Tony Blair was accused of ‘mind-boggling arrogance’ last night after claiming mass immigration made no difference to the job prospects of unemployed Britons.

The former prime minister launched a scathing attack on Nigel Farage and Ukip, saying politicians hostile to immigration were guilty of pandering to unpleasant prejudice.

They were also guilty of deceiving the public by giving the impression that the arrival of migrants from Poland and other countries harmed their job prospects.

The truth, he said, was that the ‘white, working-class, unemployed youth in alienated communities in Britain’ were held back by their own lack of education and skills.

In what many critics see as further proof that Mr Blair is positioning himself for a bid to become president of the European Council, he told an audience of business chiefs in London that it was ‘dangerous and wrong’ to blame immigrants for unemployment among British workers.

He said it was ‘a deception to tell  people they’re better off shutting down in the face of [global change] or stigmatising those different in race, colour, religion or faith’.

‘The answer to the white, working-class, unemployed youth in alienated communities in Britain is not to tell them their problems would be solved if there were fewer Polish people working in the UK. It is to provide them with the education and the skills and the  connectivity that gives them the ability to face the world’s challenges and overcome them.

‘Anything else is worse than a delusion – it actually holds them back by giving them a grievance rather than a chance. It is dangerous and wrong for leaders in British politics to think you are going to address the concerns of people worried about jobs, their future, how they get some hope and opportunity – to play into an idea that what’s holding them back is someone else coming in and taking their opportunity from them, because it isn’t true and it’s not helpful.’

He added: ‘If you look at what’s going to make this country great in the future it is to use the  connections that Britain has – its language, its position in the world, its history. If we do that, we’re going to be highly successful as a country.
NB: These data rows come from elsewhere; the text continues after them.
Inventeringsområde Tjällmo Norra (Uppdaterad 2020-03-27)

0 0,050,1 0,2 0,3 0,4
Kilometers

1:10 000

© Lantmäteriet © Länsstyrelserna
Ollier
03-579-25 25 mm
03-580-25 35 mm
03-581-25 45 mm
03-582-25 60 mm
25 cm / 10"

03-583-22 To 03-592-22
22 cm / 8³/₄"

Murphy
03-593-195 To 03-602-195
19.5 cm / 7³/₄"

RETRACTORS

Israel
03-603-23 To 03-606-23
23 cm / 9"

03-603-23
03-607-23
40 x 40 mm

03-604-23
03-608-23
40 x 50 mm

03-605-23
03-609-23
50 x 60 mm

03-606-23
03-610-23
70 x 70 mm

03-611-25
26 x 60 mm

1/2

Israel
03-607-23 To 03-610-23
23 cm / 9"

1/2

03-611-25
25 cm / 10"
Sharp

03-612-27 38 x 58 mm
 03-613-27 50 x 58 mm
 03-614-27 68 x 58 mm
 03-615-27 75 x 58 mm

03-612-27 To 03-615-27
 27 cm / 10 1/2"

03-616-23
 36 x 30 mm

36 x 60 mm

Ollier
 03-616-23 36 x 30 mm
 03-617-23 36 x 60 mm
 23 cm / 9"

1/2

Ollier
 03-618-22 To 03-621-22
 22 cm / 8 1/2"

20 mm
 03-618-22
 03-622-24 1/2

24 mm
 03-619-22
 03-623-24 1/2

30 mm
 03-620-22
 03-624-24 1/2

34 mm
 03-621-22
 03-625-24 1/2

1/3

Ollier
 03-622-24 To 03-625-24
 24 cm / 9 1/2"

We’re never going to do it by an attitude that says we don’t like foreigners.

‘You have got to distinguish between the justifiable concerns and the desire for order and what is, in the end, a prejudice that is neither very pleasant nor very fruitful.’ Mr Blair is widely seen as having thrown open the gates to mass immigration as prime minister. In the mid-1990s, net migration was consistently around 50,000 a year. But during the 2000s it regularly topped 200,000.